How to complete this task: No images, please. Copy each entry below exactly as it reads.

Stored items from a collection:
--------------------------------
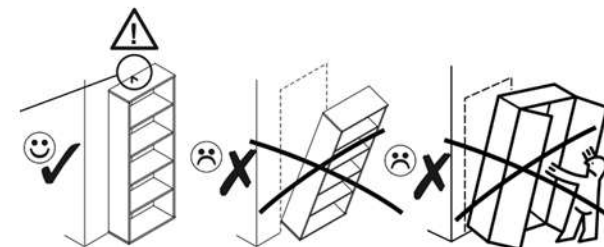

ERODIN 2D1S

KODA	DIMENZIJA			PAKET	
002	2078	360	16/32	1	2/2
003	556	362	22	1	1/2
004	1364	482	16	1	1/2
005	376	482	16	1	1/2
006	488	334	16	1	1/2
007	488	290	16	3	1/2
008	488	284	16	1	1/2
014	488	60	16	1	1/2
015	488	60	16	1	1/2
017	1401	507	3	1	1/2
018	619	507	3	1	1/2
019	2078	360	16/32	1	2/2
020	482	170	16	1	1/2
021	432	100	16	1	1/2
022	300	100	16	1	1/2
023	300	100	16	1	1/2
024	488	70	30	2	1/2
026	450	302	3	1	1/2
DODATKI				1	1/2

POZOR! Pohoštvo trajno pritrдите na steno, da preprečite tveganje, da se prevrne. V paketu ni pritrđilnih vijakov, saj je treba način pritrđitve ustrezno izbrati glede na vrsto stene. Izberite način, ki je ustrezen za vašo steno.
--------------------------------
Written solution:
ERODIN 2D1S

KODA	DIMENZIJA			PAKET	
002	2078	360	16/32	1	2/2
003	556	362	22	1	1/2
004	1364	482	16	1	1/2
005	376	482	16	1	1/2
006	488	334	16	1	1/2
007	488	290	16	3	1/2
008	488	284	16	1	1/2
014	488	60	16	1	1/2
015	488	60	16	1	1/2
017	1401	507	3	1	1/2
018	619	507	3	1	1/2
019	2078	360	16/32	1	2/2
020	482	170	16	1	1/2
021	432	100	16	1	1/2
022	300	100	16	1	1/2
023	300	100	16	1	1/2
024	488	70	30	2	1/2
026	450	302	3	1	1/2
DODATKI				1	1/2

POZOR! Pohoštvo trajno pritrдите na steno, da preprečite tveganje, da se prevrne. V paketu ni pritrđilnih vijakov, saj je treba način pritrđitve ustrezno izbrati glede na vrsto stene. Izberite način, ki je ustrezen za vašo steno.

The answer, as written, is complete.